Verkehrs-Schwerpunkteinsatz der Kreis Klever Polizei
Trotz winterlichen Wetters zahlreiche Verkehrsverstöße
KREIS KLEVE. Die Kreis Klever Polizei hat am Donnerstag, 29. Januar, in der Zeit von 6 bis 14 Uhr einen weiteren Schwerpunkteinsatz zur Bekämpfung schwerer Verkehrsunfälle durchgeführt. Bei winterlichem Wetter mit Temperaturen um den Gefrierpunkt und zeitweisem Schneefall mussten dennoch zahlreiche Verkehrsverstöße geahndet werden. Unter anderem wurden in Kalkar, Kevelaer, Geldern und Kleve Kontrollstellen eingerichtet. Dabei wurden unter anderem 126 Geschwindigkeitsverstöße, davon zwölf im Bußgeldbereich, sieben sogenannte Handy-Verstöße, 15 Verstöße gegen Vorfahrt- oder Vorrangregeln, 18 Gurtverstöße und acht Feststellungen in Sachen Ladungssicherung festgestellt, dazu wurden 18 Verwarnungsgelder wegen defekter oder verdeckter Beleuchtung sowie 18 weitere Verwarnungsgelder aufgrund der Feststellung sonstiger Verstöße verhängt.

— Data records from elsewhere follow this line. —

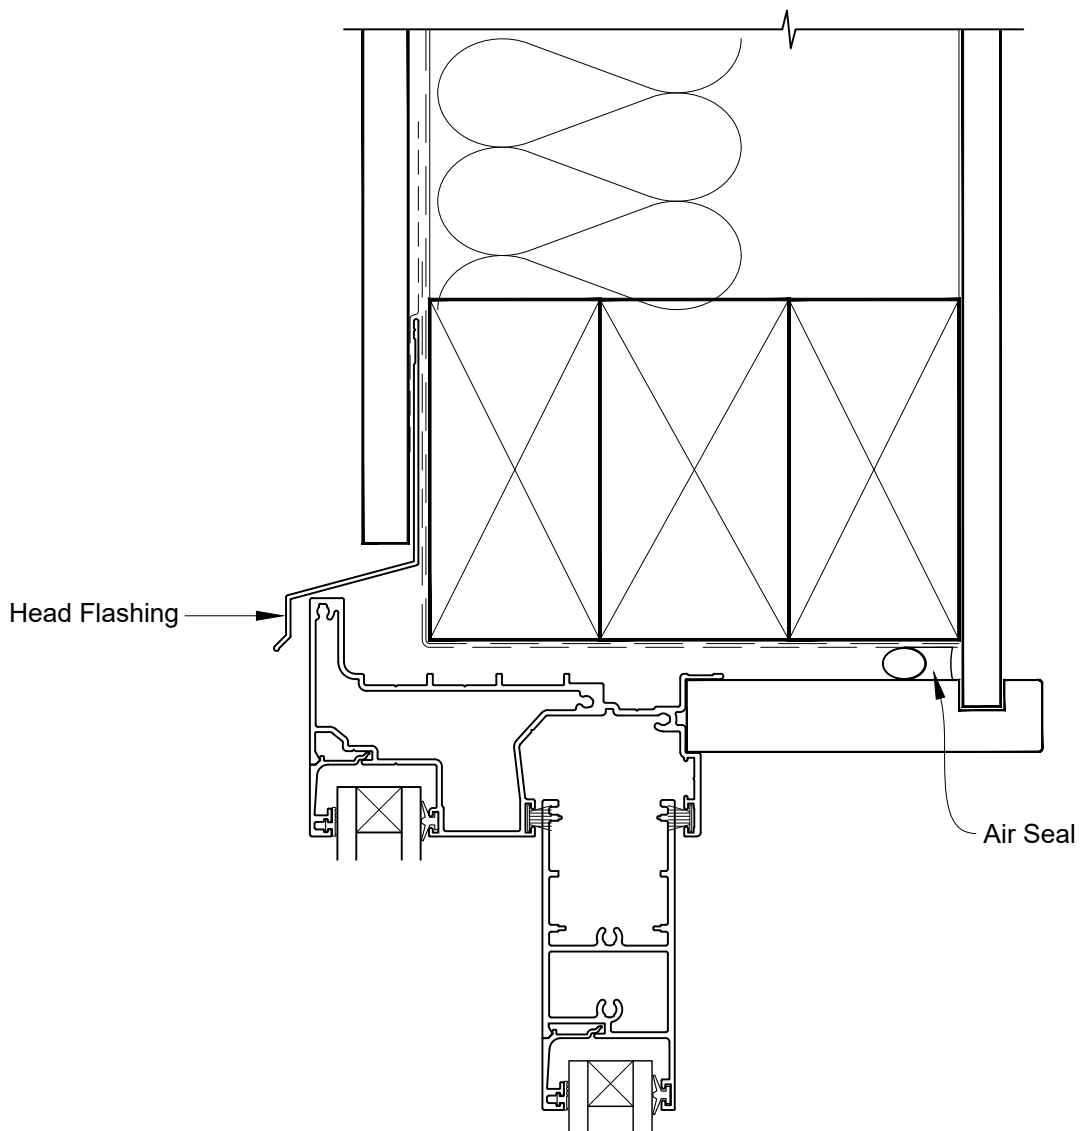

FLAT SLIDING DOOR FRAME OPTION

INSTALLATION DETAIL - VANTAGE RESIDENTIAL SLIDING DOOR ON FLAT SHEET CAVITY CONSTRUCTION

Date: 01.04.19

Scale: 1:2

CAD Ref.: VRSDFS-CFJ

FLAT SLIDING DOOR FRAME OPTION

INSTALLATION DETAIL - VANTAGE RESIDENTIAL SLIDING DOOR ON FLAT SHEET CAVITY CONSTRUCTION

Date: 01.04.19

Scale: 1:2

CAD Ref.: VRSDFS-CFS

FLAT SLIDING DOOR FRAME OPTION

**INSTALLATION DETAIL - VANTAGE RESIDENTIAL
SLIDING DOOR ON FLAT SHEET
DIRECT FIXED CLADDING**

Date: 01.04.19

Scale: 1:2

CAD Ref.: VRSDFS-DFH

FLAT SLIDING DOOR FRAME OPTION

**INSTALLATION DETAIL - VANTAGE RESIDENTIAL
SLIDING DOOR ON FLAT SHEET
DIRECT FIXED CLADDING**

Date: 01.04.19

Scale: 1:2

CAD Ref.: VRSDFS-DFJ

FLAT SLIDING DOOR FRAME OPTION

**INSTALLATION DETAIL - VANTAGE RESIDENTIAL
SLIDING DOOR ON FLAT SHEET
DIRECT FIXED CLADDING**

Neben einer Blutprobe aufgrund des Verdachtes von vorherigem Konsum von Betäubungsmitteln bei einem 24-jährigen Mann aus Issum wurde bei einem Lkw festgestellt, dass dessen Kennzeichen international zur Fahndung ausgeschrieben waren. Sie wurden sichergestellt, die Weiterfahrt untersagt. Ein Fahrer eines Kleinkraftrades verfügte nicht über die erforderliche Fahrerlaubnis, daher musste gegen ihn sowie den Halter des Fahrzeuges jeweils eine Strafanzeige geschrieben werden. In zwei Fällen wurden Kinder ungesichert im Fahrzeug befördert, was die Fertigung einer Ordnungswidrigkeitenanzeige zur Folge hatte. Neun Pkw-Führer fuhren in der Dunkelheit trotz erheblicher Sichtbehinderung durch Schnee auf den Scheiben oder auf der Beleuchtung ihrer Fahrzeuge. Die Polizei weist noch einmal ausdrücklich darauf hin, dass die Fahrzeugscheiben vor Antritt der Fahrt von Schnee und Eis zu befreien sind, das Gleiche gilt für sämtliche Beleuchtungseinrichtungen am Fahrzeug. Die Polizei im Kreis Kleve wird auch weiterhin, neben den Kontrollen im täglichen Dienst, solche Schwerpunkteinsätze durchführen, um die Zahl der schweren und schwersten Verkehrsunfälle zu senken.